Understand this: the animal research industry does not want you to understand animal research.
Rather, it wants you to fall for its bread-and-butter offering: industry propaganda packaged and promoted as “education”.
Take, for example, Understanding Animal Research’s (“UAR”) recent publication: “Why do 90% of new drugs fail?”. In arguing that the over 90% failure rate of new drugs in human trials (after passing nonhuman trials) actually supports the value and necessity of animal research, UAR throws out fancy terms (like “Bayesian modeling, NPV safety prediction”) to distract from its promotion of wholly unmoored and unverifiable percentages of inter-species translation. Moreover, the percentages proffered by UAP fly in the face of verifiable figures established through systematic reviews by reputable scientists. (See, for example, this, this, this, and this.)
UAR is an arm of the animal research industry that exists to protect the interests of animal researchers.
UAR is a UK non-profit organization that 1) seeks “to counteract what it regards as extremism among animal rights and animal welfare proponents” and 2) aims to “maintain and shape” public support for animal research. Financed by animal researchers themselves and boasting a 160+ membership (of academic institutions, pharmaceutical companies, charities, research funders, and professional societies), UAR champions animal research interests at all levels, including by lobbying for policy and legislation favorable to animal research.
UAR’s roots extend to the turn of the twentieth century and the establishment of the UK’s equivalent to the US-based NABR: a propaganda-focused lobbying group of and for animal researchers.
UAR was established in 2008 by the merger of the nascent Coalition for Medical Progress and the entrenched Research Defense Society (“RDS”) – and, this is hugely important because it means that UAR is, quintessentially, a reincarnation of the UK’s top pro-vivisection trade association and lobbying agent.
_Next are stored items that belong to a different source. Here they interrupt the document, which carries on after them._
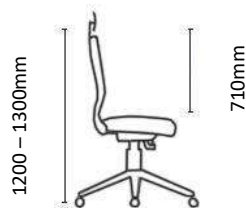

Be Very Excited!

The ECLIPSE range is designed to excite! Manufactured locally using advanced eco-friendly technology, the Eclipse mesh back chair offers exceptional ergonomic comfort at an affordable price. Featuring a polyester mesh backrest, a height adjustable lumbar support and a synchro mechanism, the Eclipse demonstrates Karo's commitment to both modern office chair design and workplace ergonomics.

Features:

- Enhanced comfort through its hi-tech polyester MESH backrest.
- Height adjustable lumbar support.
- ECLIPSE Executive, ECLIPSE Task and ECLIPSE Visitors chair options available.
- Synchronous mechanism with 5 locking positions.
- Adjustable upholstered headrest for the ECLIPSE executive option.
- Upholstered seat with automotive grade high-density moulded foam.
- Gas height adjustment.
- Choice of armrests, including GALAXY and 4D STAR adjustable arms.
- 680mm diameter black nylon 5 star base with 60mm castors for improved maneuverability.
- 5 Year Warranty.

ECLIPSE SPECIFICATIONS

Eclipse Executive

RDS was launched around 1906 as a “private lobby group for vivisectionists” that focused on battling “anti-vivisection groups” (which were successfully pressuring animal experimenters to answer for their practices). But, rather than publicly debating issues of public concern regarding vivisection, RDS strategically relied on “bullying and intimidation” – by way of example only, RDS:
- interfered with anti-vivisection meetings;
- pressured railway companies and the Postmaster General not to display anti-vivisection posters and advertisements, railway bookstalls not to sell anti-vivisection pamphlets, and publishers not to publish anti-vivisection materials;
- relied on oppressive tactics (such as branding the anti-vivisection movement, which was led by women, as “hysterical”) to divide the broad base of public support for animal protection; and
- set in motion a legal process that resulted in British non-profit anti-vivisection groups being stripped of their “charitable status”.
Perhaps most critically, UAR’s precursor, RDS, published false and misleading information – i.e. published propaganda as fact.
When confronted, RDS even conceded its dissemination of misinformation but claimed not to be “responsible for the contents of the pamphlets [it] distributed”.
And, this practice of disseminating falsehoods continues today vis-a-vis its modern incarnation: UAR.
Science itself does not support the continuation of research on other-than-human animals, which is why groups like UAR can only offer distortions and lies.
UAR takes the empty platitudes of pro-vivisection factions like the NIH one step further, by concocting data to support its positions. And, it’s no surprise really – for, as George Bernard Shaw stated: “Anyone who would not hesitate to cut up a dog would not hesitate to lie about it.”